Cette noblesse, pour parler un langage entendu, ne put suffire à la culture de ses terres. Elle en donna des portions aux serfs, chacun dans sa dépendance, non à condition de service militaire, comme les fiefs, mais à cens et à rente, et à diverses conditions, d’où sont venus les divers droits des terres. Ainsi ce peuple serf, qui n’avoit rien, commença à devenir propriétaire en partie, tandis qu’en partie il continua à ne posséder quoi que ce soit, et de ces deux sortes de serfs dont les uns devinrent propriétaires et les autres ne le furent pas, est composé le peuple ou ce qui a été appelé depuis le tiers état, et comme aujourd’hui se pouvoit distinguer dès lors en bourgeoisie et en simple peuple. Ces baillettes [1], qui furent données d’abord aux meilleurs habitants des villes, s’étendirent aux meilleurs de la campagne. Elles furent bientôt connues sous le nom de roture, à la différence des fiefs ; et leurs possesseurs sous le nom de roturiers [2], à la différence des seigneurs de fief, terme qui n’avoit et n’eut très longtemps que sa signification naturelle, et que l’orgueil a fait depuis prendre en mauvaise part.

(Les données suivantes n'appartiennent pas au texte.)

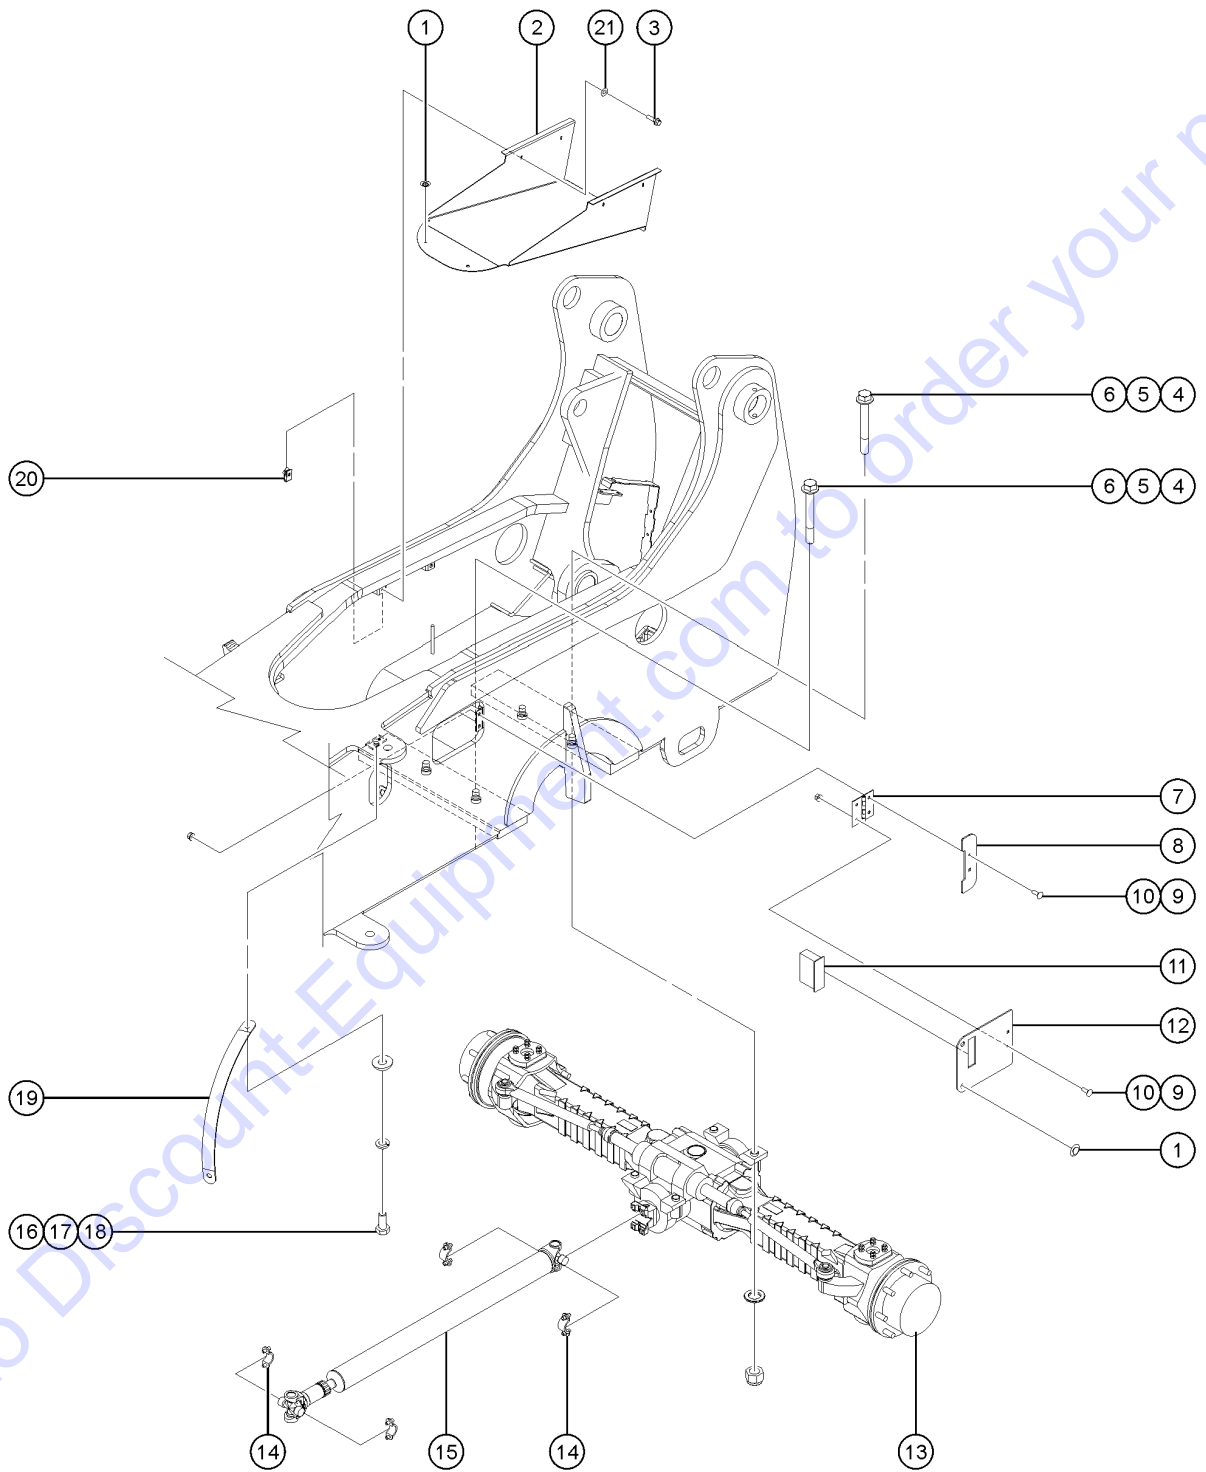

207.1 Rear Axle View

Item	Part No.	Description	Qty.
1	47478GT	BUMPER, RUBBER, 1"OD X .461H	
2	822677GT	FORMING,COVER,FUEL TANK.....1	1
3	824079GT	SCREW,HHF,1/4-20X1,8,ZAG.....4	4
4	1256072GT	SCREW,HHF,3/4-10X6,8,ZAG.....4	4
5	33278GT	WASHER,FLAT,.75 HARDENED.....4	4
6	77051GT	NUT,NYLOCK,3/4-10,GRD.8.....4	4
7	42077GT	HINGE, 2 X 1.50.....1	1
8	825949GT	PLATE,FUEL DOOR MOUNT.....1	1
9	824124GT	BOLT,CARRIAGE,1/4-20X.75,5,ZAG	
10	824027GT	NUT,TL FLG,1/4-20,G,ZAG	
11	123286GT	LATCH,COMPRESSION,THIN GRIP.....1	1
12	825950GT	PLATE,FUEL DOOR.....1	1
13	1253497GT	AXLE,DANA,212,REAR,636.....1	1
13A	1261561GT	SHERICAL LUGNUT, M20X1.5, DANA.....16	16
13B	1261562GT	MUDGUARD NUT,M12X1.25, DANA.....8	8
14	123577GT	STRAP KIT,DRIVESHAFT,1480.....2	2
15	824770GT	DRIVESHAFT,1480-1480,REAR,GTH....1	1
16	1255887GT	SCREW,HHC,5/16-18X.5,8,ZAG.....2	2
17	1255764GT	WASHER,LOCK,5/16,ZAG.....2	2
18	825358GT	WASHER,FLAT,5/16,USS,ZAG.....2	2
19	7-319-17GT	GROUND STRAP,12 IN.....1	1
20	56912GT	SPRING CLIP,1/4-20,.025-.15X.54,ZAG.....4	4
21	824113GT	WASHER,FLAT,USS,1/4,ZAG.....4	4
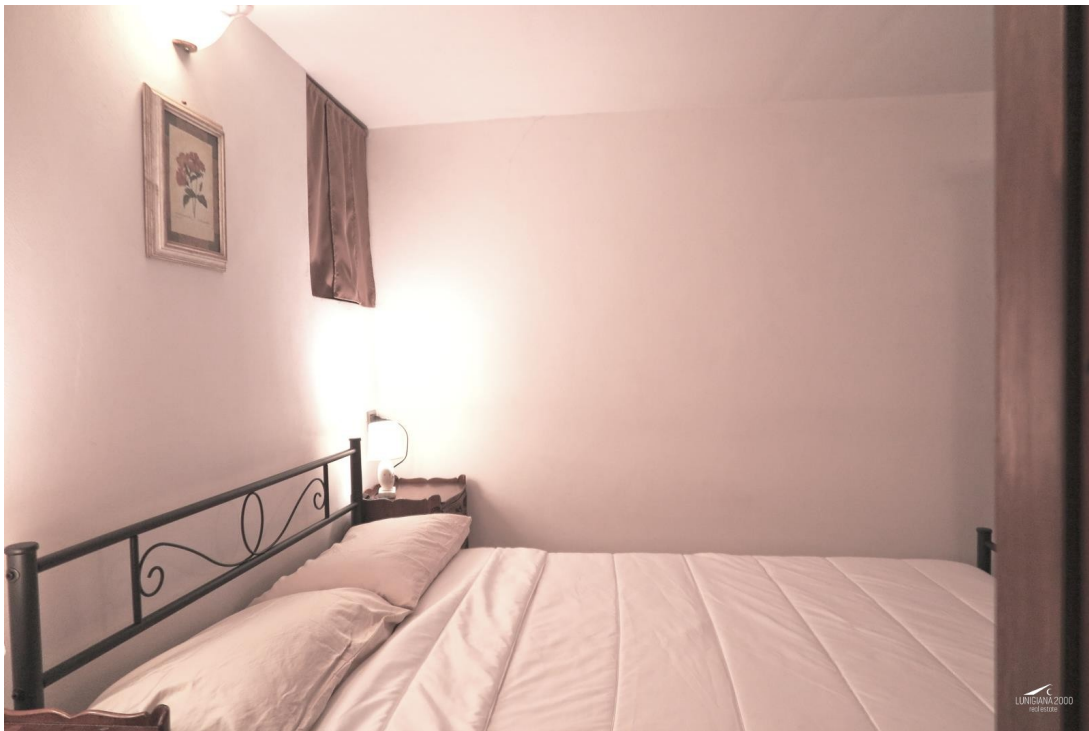

LUNIGIANA2000
real estate

Lunigiana2000 - Real Estate in Tuscany

Italy, 54021 Bagnone (MS) - Piazza Roma, 2 - Ph. +39 0187421400 | Mob. +39 3355383266
www.lunigiana2000.com - english.info@lunigiana2000.com
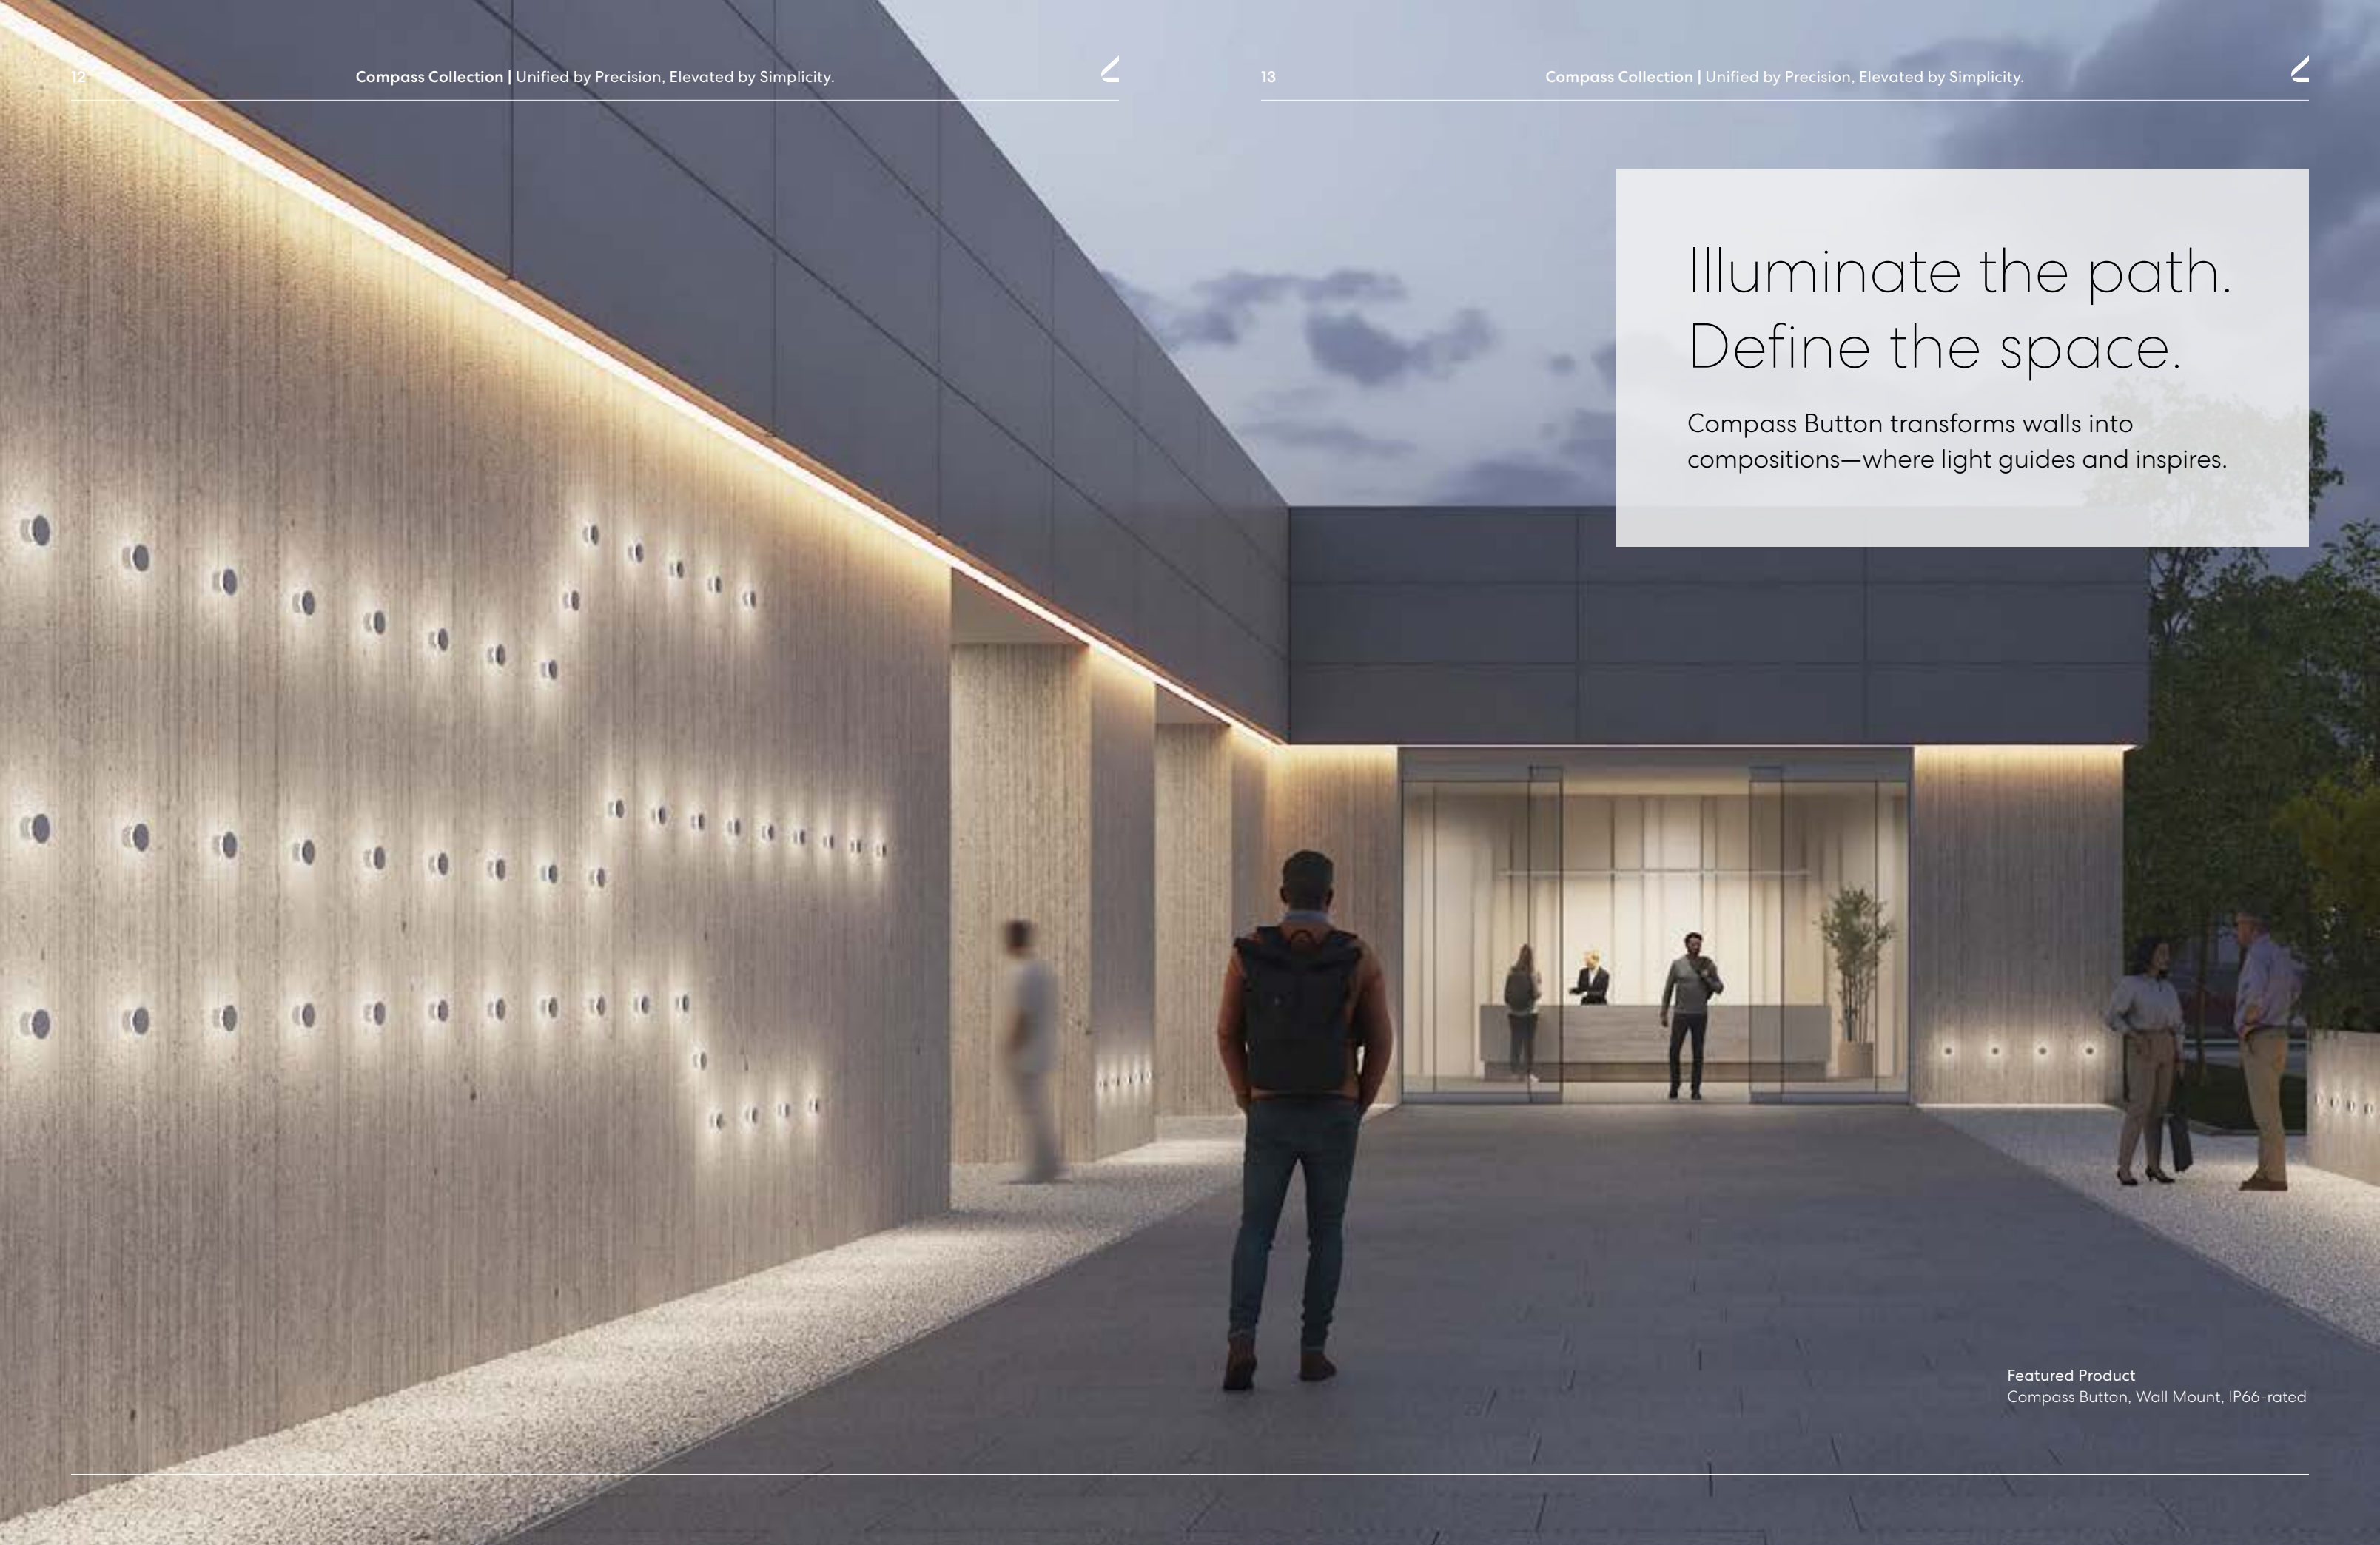

Illuminate the path. Define the space.

Compass Button transforms walls into compositions—where light guides and inspires.

Featured Product
Compass Button, Wall Mount, IP66-rated

L’Église fit aussi ses conquêtes pacifiques ; par la libéralité des rois et des grands seigneurs les évêques et les abbés les devinrent eux-mêmes. Ils eurent des portions de terre fort étendues, ils en donnèrent en fief comme avoient fait les grands seigneurs, et de là sont venus les grands bénéfices que nous voyons encore aujourd’hui, et alors la fidélité et le service militaire qu’ils devoient aux rois et qui leur étoit aussi dû à eux-mêmes par leurs vassaux, leur grand état temporel les fit considérer comme les autres grands seigneurs.

  1. Terres sans importance données à bail.
  2. Le mot roturier vient du latin barbare ruptarius (qui rumpit terram) : il s’appliquait primitivement aux paysans qui étaient condamnés aux travaux corporels ou corvée.